Nach der ersten Nacht begannen rechte PolitikerInnen nebulöse Theorien zu spinnen, von denen einige eine Militärpräsenz in Paris für notwendig erachteten, andere von organisierten Gruppen sprachen (und man konnte sehen, auf welche Art von Gruppen sich diese Theorien beziehen, als einige Tage später von Polizisten Tränengas in eine Moschee geworfen wurde). Andere PolitikerInnen forderten den Notstand auszurufen, was ein Ausgangsverbot ermöglichen würde. Dieses Ausgangsverbot wurde in einigen Städten zeitweise verhängt, es werden durch den Notstand ebenso wie der Spielraum für Polizeieinsätze erweitert und die Möglichkeit gegeben, den Medien einen Maulkorb anzulegen. Der Notstand der von der Regierung beschlossen wurde ist heute noch in Kraft, selbst wenn momentan nichts mehr seine Präsenz rechtfertigt.

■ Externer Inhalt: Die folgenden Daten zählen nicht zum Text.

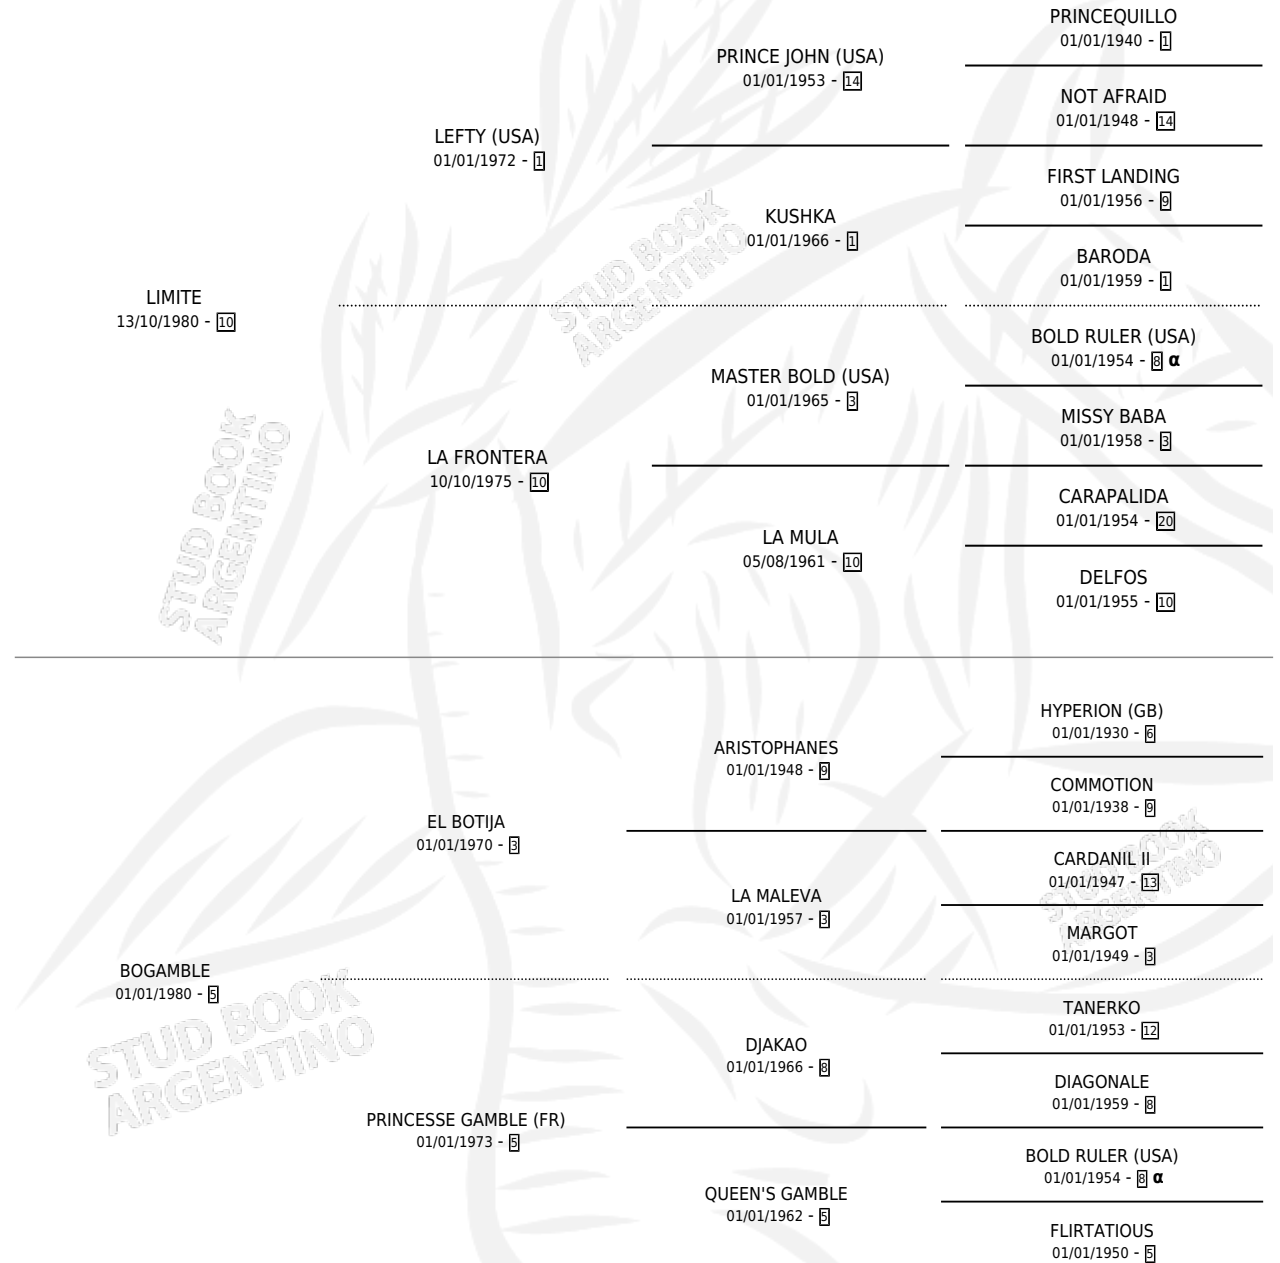

LIMIGAMBLE

por LIMITE y BOGAMBLE por EL BOTIJA

Argentina · Hembra · Zaino · SP · 01/11/1990
Familia 5-c · Volumen 34

ESTADO

TIPIFICACIÓN SANGUÍNEA	X
TIPIFICACIÓN POR ADN	X
PASAPORTE	X
IDENTIFICACIÓN POR MICROCHIP	X
REPRODUCTOR	X

Lugar de nacimiento: Azul Blanca
Criador: Sin dato

PEDIGREE

INBREEDING : α

LIMIGAMBLE

Datos oficiales del Stud Book Argentino

Documento generado el 07/05/2025

studbook.org.ar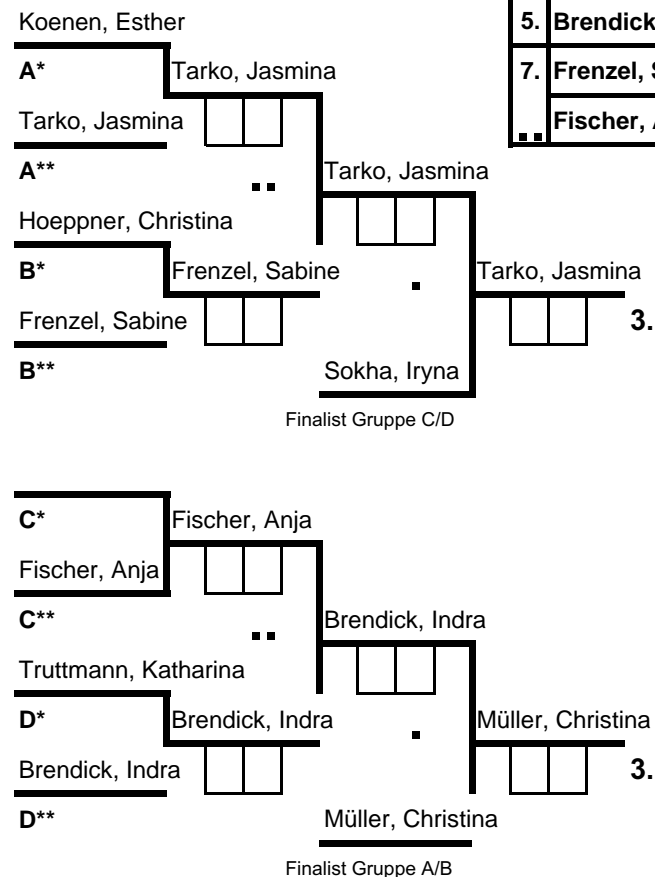

KO-SYSTEM mit doppelter TROSTRUNDE

Art	WdEM
Ort	Duisburg
Datum	28.09.2002
Gew. Kl.	- 63 kg
Sportl. Ltg.	NWJV

*	**
---	----

Gr.	Los	Name, Vorname			
A	1	Tarko, Jasmina	W	1	Tarko, Jasmina
	9		R	5	Wermelt, Stefanie
	5	Koenen, Esther	R	3	Wermelt, Stefanie
	13	Wermelt, Stefanie	gs		Wermelt, Stefanie
B	3	Frenzel, Sabine	R	2	Frenzel, Sabine
	11		gs		Müller, Christina
	7	Hoepfner, Christina	W	4	Müller, Christina
	15	Müller, Christina	gs		Wermelt, Stefanie
C	2	Sokha, Iryna	R	1	Sokha, Iryna
	10		W	5	Sokha, Iryna
	6	Fischer, Anja	W	3	Fischer, Anja
	14		gs		Amui, Diana
D	4	Brendick, Indra	W	2	Brendick, Indra
	12		gs		Amui, Diana
	8	Truttmann, Katharina	R	4	Amui, Diana
	16	Amui, Diana	gs		

Trostrunde

Pl.	Name, Vorname
1.	Wermelt, Stefanie
2.	Amui, Diana
3.	Tarko, Jasmina
	Müller, Christina
5.	Sokha, Iryna
5.	Brendick, Indra
7.	Frenzel, Sabine
	Fischer, Anja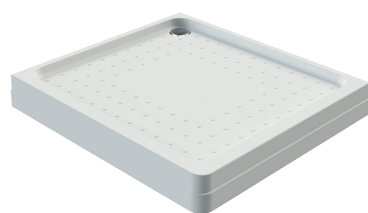

ПОДДОН ДРИМ (квадратный)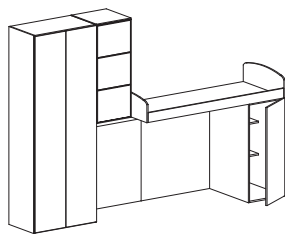

08H748

€ 795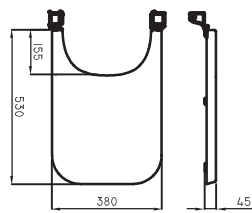

Código	Material	Bisagra	Cierre suave
MIL-TP-001-BL	Urea | UF	Cromada	No
MIL-TP-006-BL	Madera | MDF	Cromada	No

☐ BL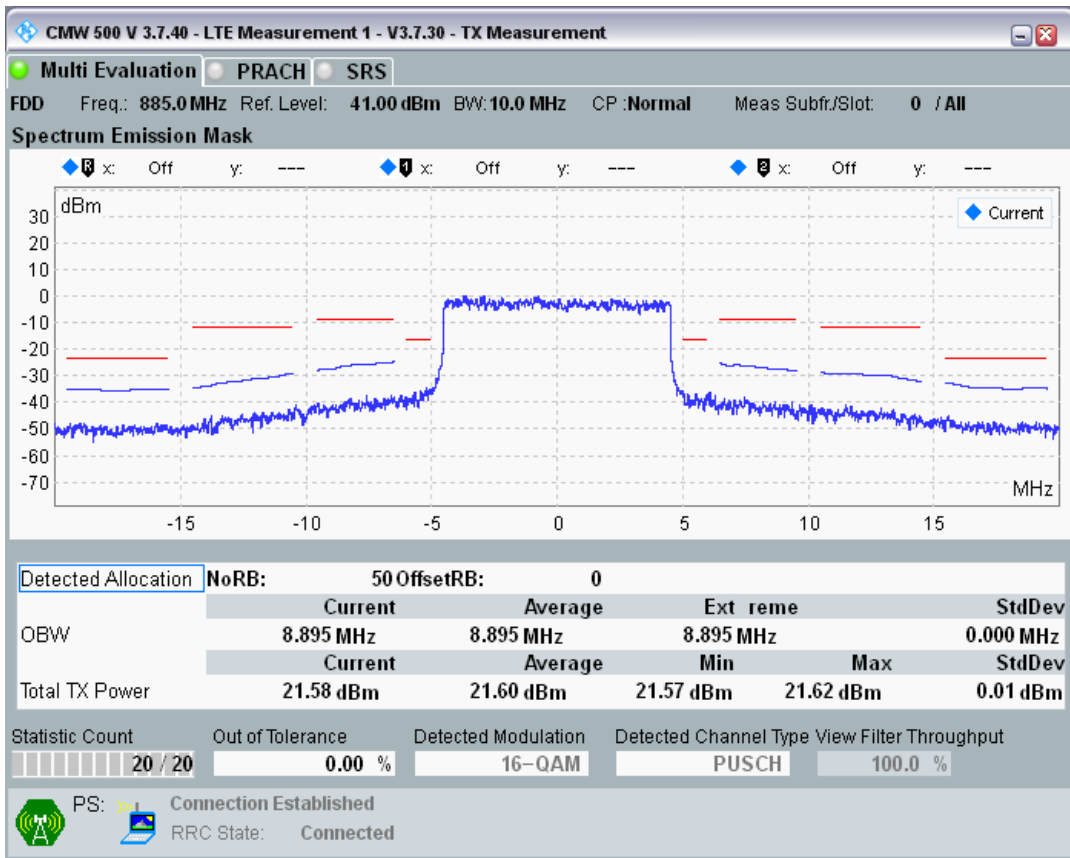

Band8 QAM16 BW=10MHz Channel=21500 RB Size=50 Position=#0

Band8 QPSK BW=10MHz Channel=21625 RB Size=12 Position=#0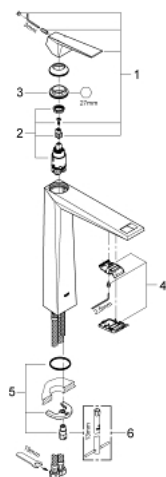

23 114 000 ALLURE BRILLIANT GRIFERÍA PARA LAVABO 1/2" TAMAÑO XL

DESCRIPCIÓN DEL PRODUCTO

- Colour: Cromo
- Instalación en un solo orificio
- Para lavabos tipo bowl de sobreponer
- GROHE SilkMove cartucho cerámico 2.8 cm
- Limitador de temperatura
- GROHE LongLife acabado
- GROHE EcoJoy limitador de caudal 5 lpm
- GROHE FastFixation instalación rápida
- Salida con aireador tipo Mousseur
- Cuerpo liso
- Mangueras de conexión flexible
- Presión mínima recomendada 1 Kg

23 114 000 ALLURE BRILLIANT GRIFERÍA PARA LAVABO 1/2" TAMAÑO XL

RECAMBIOS , agosto 2010 – now

- 1: Palanca accionamiento (Spare part-nr. 46793000)
 - 2: Cartucho (Spare part-nr. 46580000)
 - 3: Anillo de fijación (Spare part-nr. 46715000)
 - 4: Mousseur (Spare part-nr. 46794000)
 - 5: Juego fijación (Spare part-nr. 46249000)
 - 6: Llave de tubo larga (Spare part-nr. 19017000)*
- * Optional accessories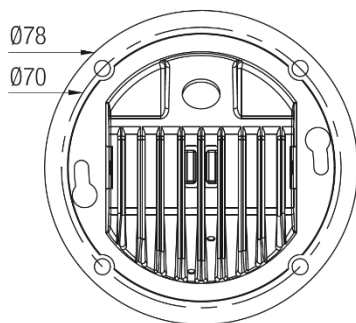

Kurzbeschreibung

- Elegante LED Wandinbauleuchte bestehend aus einer Leuchteinheit die nach Wunsch mit einer passenden Abdeckung bestückt werden kann
- Achtung diese Leuchte ist nicht dimmbar! Lieferung erfolgt inkl. nicht dimmbaren 700mA LED Netzteil

Technische Daten

• LED Typ	Citiled
• Betriebsspannung	230V AC
• Leistungsaufnahme	4.5W
• Lichtstrom	170 lm
• Lichtfarbe	3000K
• Farbwiedergabe	CRI >70
• Energieeffizienzklasse	A
• Abstrahlwinkel	-
• Schutzart	IP20
• Dimmbar	Nein
• LED Lebensdauer	50.000h
• Montageart	Wandmontage
• Gehäusematerial	Alu, pulverbeschichtet
• Abmessungen	78 x 35mm (Leuchteinheit)
• Konformität	RoHS, CE

Optional

- Farbtemperatur in 5000K
- Dimmbares LED Netzteil (DALI, 1-10V, Taster)
- Gehäuse pulverbeschichtet in Silber-Grau oder Schwarz (nicht vorrätig)

Zubehör und Masszeichnungen

- Wega Cover Typ 1 (Quadrat)
85 x 85 x 25mm
Art. 41027005

- Wega Cover Typ 2 (Quadrat)
85 x 85 x 25mm
Art. 41027006

- Wega Cover Typ 3 (Quadrat)
85 x 85 x 25mm
Art. 41027007

- Wega Cover Typ 4 (Rund)
Ø85mm x 25mm
Art. 41027008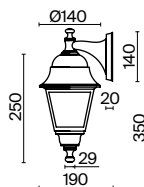

# Abbey Road

Алюминиевый корпус. Цвет – черный, порошковое окрашивание с эффектом муара. Плафон – прозрачное стекло. IP 44.

B

1 ■ **O003PL-01B**

💡 1 × E27 60Вт  
IP 44

2 ■ **O004FL-01B**

💡 1 × E27 60Вт  
IP 44

3 ■ **O003WL-01B**

💡 1 × E27 60Вт  
IP 44

4 ■ **O004WL-01B**

💡 1 × E27 60Вт  
IP 44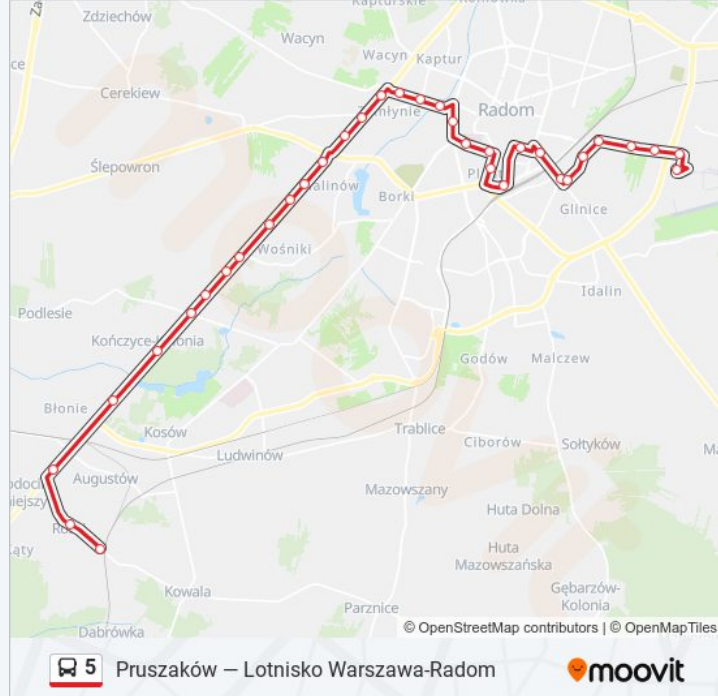

Kielecka / Mostowa (Nż)

Kielecka / Michałowskiego (Nż)

Pruszków

Kończyce-Kolonia

Kosów

Młodocin Mniejszy I

Rożki I

Rożki

### Kierunek: Łukasika / Kijewskiej

17 przystanków

[WYŚWIETL ROZKŁAD JAZDY LINII](#)

Rożki

Rożki I

Młodocin Mniejszy I

Kosów

Kończyce-Kolonia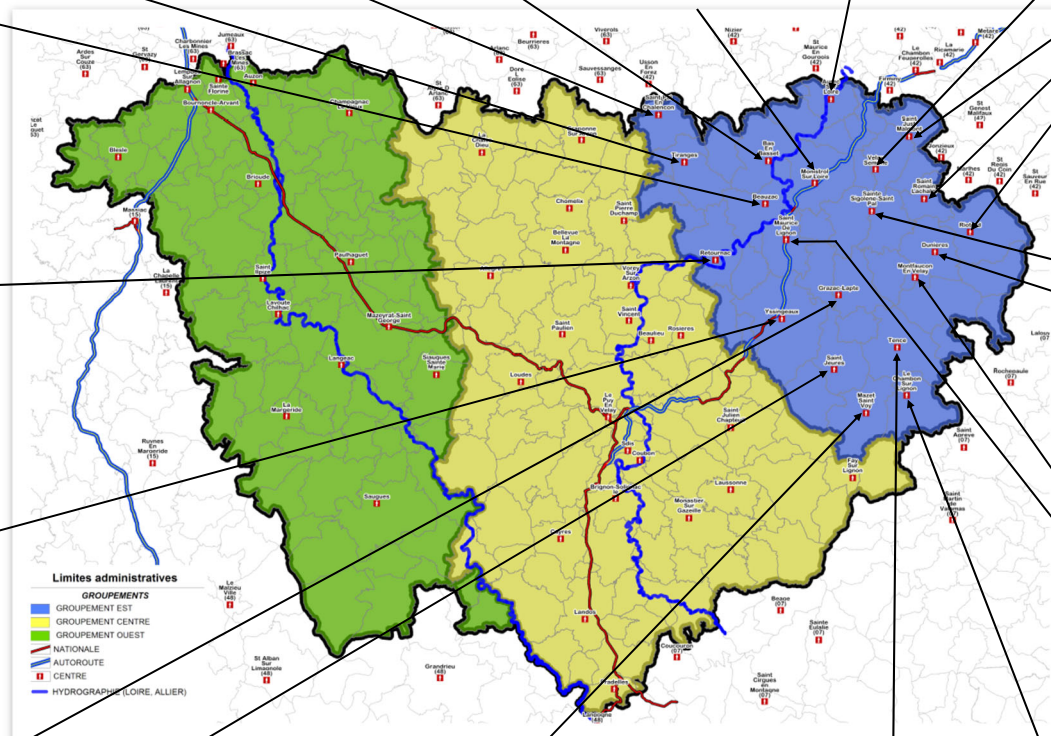

GROUPEMENT TERRITORIAL EST

TIRANGES

ST-PAL-EN-CHALENCON

MONISTROL-SUR-LOIRE

AUREC-SUR-LOIRE

VELAY-SEMENE

ST-JUST-MALMONT

BEAUZAC

RETOURNAC

YSSINGEAUX

GRAZAC-LAPTE

SAINT-JEURES

MAZET-SAINT-VOY

TENCE

CHAMBON-SUR-LIGNON

ST-ROMAIN-LACHALM

RIOTORD

STE-SIGOLENE-ST-PAL

DUNIERES

MONTFAUCON-EN-VELAY

ST-MAURICE-DE-LIGNON

Service départemental
d'incendie et de secours

HAUTE-LOIRE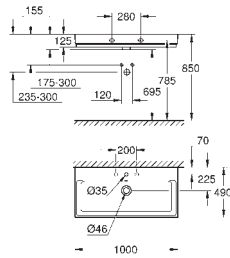

GROHE КЕРАМИКА CUBE

Артикул

Цвет

Цена брутто/
РРЦ без НДС, €

39 386 00N

альпин-белый

387,00

Керамика Cube

Раковина подвесная 100

настенный

1 отверстие под смеситель, 2 намеченных отверстия с переливом
1010 x 490 мм

санитарная керамика

Износостойкое покрытие **PureGuard** и анти-бактериальное глазирование

10 шт. на паллете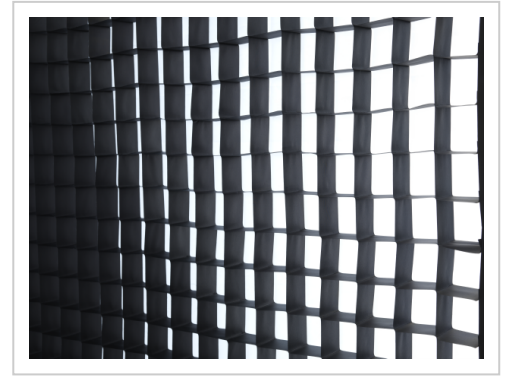

Egg Crate Butterfly 40° | Egg Crate Butterfly 40°, 4'x8' (1,12x2,35m)

Artikelnummer 4001951-2

- Entwickelt für einen schnellen Auf- und Abbau
- 6 Standardgrößen bis zu 20ft x 20ft
- Individuelle Anfertigungen möglich
- Verfügbar mit 40° oder 50° Abstrahlwinkel

Produktbeschreibung

In idealer Ergänzung zu den Butterflys regulieren Rosco Egg Crates den gewünschten Abstrahlwinkel und das Streulicht.

Produkteigenschaften

Hauptkategorie Zubehör und Verbrauchsmaterial

Unterkategorie Textiles

Serienname Egg Crate Butterfly

Weitere Bilder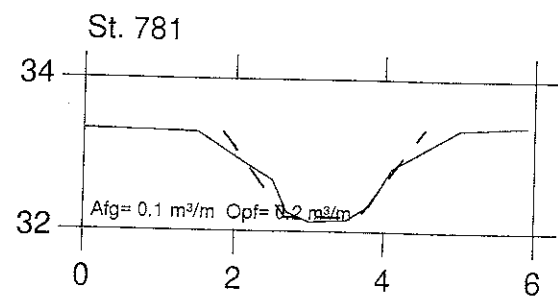

LINDES Å

VASP 

Lodret akse : kote i m skala 1:100

Vandret akse : afstand i m skala 1:100

— Opmålt af Hedeselskabet februar 1997
- - - Nyt regulativ

Hashøj Kommune

LINDES Å

VASP 

Lodret akse : kote i m skala 1:100

Vandret akse : afstand i m skala 1:100

— Opmålt af Hedeselskabet februar 1997

- - - - - Nyt regulativ

Hashøj Kommune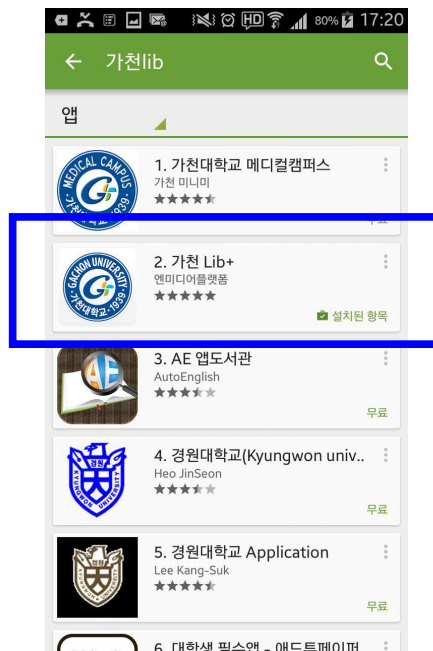

중앙도서관이 2014년 10월부터 진행해온 “웹기반통합시스템”의 구축이 완료됨에 따라 2015년 3월 신학기부터 새로운 서비스를 시작합니다.

새롭게 구현되는 중앙도서관 홈페이지 (<http://lib.gachon.ac.kr>)의 기능과 서비스를 하나씩 안내하려 합니다.

그 첫 번째로 “가천 Lib+”를 교직원 여러분께 소개합니다.

“가천 Lib+”는 중앙도서관 모바일 앱으로 좌석배정,예약 및 모바일열람증 등의 기능을 사용할 수 있습니다.

교직원 신분증이 지갑이나 가방에... 혹은 분실해서 도서관 출입이 어려웠던 경험이 있으시죠? 스마트폰을 이용한 모바일열람증을 통해 이제는 좌석배정, 도서관출입, 도서의 대출반납 등이 가능합니다. (물론 기존의 교직원신분증 사용도 가능합니다)

현재는 안드로이드 계열의 어플 마켓인 Play 스토어에서만 다운로드가 가능하며, 승인 대기 중인 APP 스토어에서도 3월초에는 다운이 가능하여 아이폰 사용자도 이용할 수 있습니다.

- 가천Lib+ 설치 방법

안드로이드폰은 “Play 스토어”에서 아이폰은 “App 스토어”에서 “가천 Lib+”를 검색하여 다운로드 받아 설치하시기 바랍니다.

- 로그인

“가천 Lib+”를 설치 후 사용자 정보를 입력 후 로그인 합니다.

최초 접속시에는 이용약관에 동의합니다.

글로벌캠퍼스 중앙도서관

ID(학번)를 입력하세요.

.....

Diese Ereignisse, die von der rechten Politik provoziert wurden, haben eine Welle von Rassismus mit sich gebracht, wobei die Jugendlichen mit ausländischer Abstammung als die Verantwortlichen dieser Ereignisse stigmatisiert wurden.
Einige Abgeordnete der UMP (rechte, bürgerliche Regierungspartei) haben hervorgehoben, dass dies die Konsequenz von unterschiedlichen Familienstrukturen („polygame Praktiken“) sei, aber niemand, wirklich niemand von rechts oder von links, außer der ‘Gauche Révolutionnaire‘ (französische Schwesterorganisation der SLP), hat hervorgehoben das diese Ereignisse die Konsequenz der Misere ist, in der man die Bevölkerungsschichten leben lässt, von deren Jugend diese ziellose Zerstörung ausging.
Wir müssen vor allem die Situation erklären und erläutern das diese Ereignisse die Frucht von Spontaneität, Unorganisiertheit und Abwesenheit von politischen Absichten sind. Diese Ereignisse erinnern auch an die Aufgabe von SozialistInnen: die politische Ausbildung und der Aufbau einer sozialistischen Organisation!
Auf dieser Basis konstruieren wir die Gruppe von ‘Gauche Révolutionnaire’ in Paris/ Saint Denis und die letzten Ereignisse erinnern uns mehr denn je an die Wichtigkeit und die Notwendigkeit eine wirkliche Partei der ArbeiterInnen und Jugendlichen aufzubauen, mit dem Ziel einer sozialistischen Revolution, zum Vorteil der gesamten Menschheit.